◆ DESCRIPTION OF THE TASK ◆
Write out, word for word, only the lines from the one with "Gövde ve Kelebek : Paslanmaz Çelik, AISI 316" to the end of the data below.

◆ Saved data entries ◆
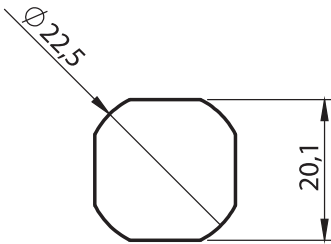

Paslanmazlar

Malzeme

Gövde ve Kelebek : Paslanmaz Çelik, AISI 316
Dil : Paslanmaz Çelik, AISI 304

Seçenekler

Diller : Sayfa 336

Boşaltma Ölçüsü**1515 - Silindirli Kelebek Kilit GH=18**

	Ürün Kodu
Kilitsiz	1515 - 500 - xxx
3333 Anahtarlı	1515 - 503 - xxx

◆ OUTPUT OF THE EXERCISE ◆
Gövde ve Kelebek : Paslanmaz Çelik, AISI 316
Dil : Paslanmaz Çelik, AISI 304

Seçenekler

Diller : Sayfa 336

Boşaltma Ölçüsü**1515 - Silindirli Kelebek Kilit GH=18**

	Ürün Kodu
Kilitsiz	1515 - 500 - xxx
3333 Anahtarlı	1515 - 503 - xxx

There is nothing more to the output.